START Data to process
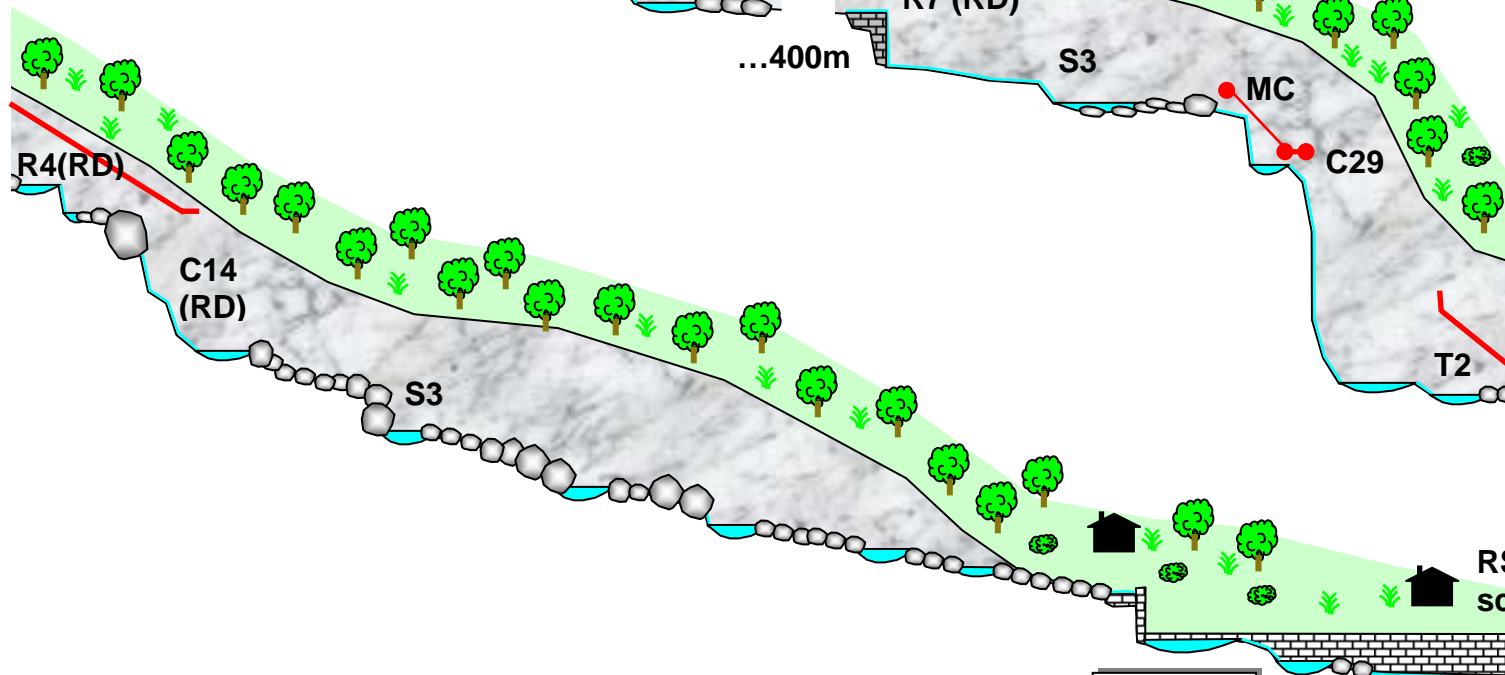

Val Trodo

Quartino (Piano di Magadino)

Coord. :
712.290
110.010

START
620m

Continuazione A

-  **3a,3b,3c, III**
-  **3A, 3D**
-  **4 - 5 h**
-  **404 m**
-  **1,5-2 h**
-  **20 min + 35 min**

Periodo ideale

I	II	III	IV	V	VI	VII	VIII	IX	X	XI	XII

**Carta 1:25000
BELLINZONA 1313**

Continuazione B

Continuazione C

Continuazione D

Profilo E

Profilo C

Profilo D

Continuazione E

Continuazione D

Profilo F

Quartino

RS scale

Coord. :
708.470
111.050

END
216m
END Data to process
Aim of the task. Please output the records exactly, leaving the pictures out.

Solution for this task.
Val Trodo

Quartino (Piano di Magadino)

Coord. :
712.290
110.010

START
620m

Continuazione A

-  **3a,3b,3c, III**
-  **3A, 3D**
-  **4 - 5 h**
-  **404 m**
-  **1,5-2 h**
-  **20 min + 35 min**

Periodo ideale

I	II	III	IV	V	VI	VII	VIII	IX	X	XI	XII

**Carta 1:25000
BELLINZONA 1313**

Continuazione B

Continuazione C

Continuazione D

Profilo E

Profilo C

Profilo D

Continuazione E

Continuazione D

Profilo F

Quartino

RS scale

Coord. :
708.470
111.050

END
216m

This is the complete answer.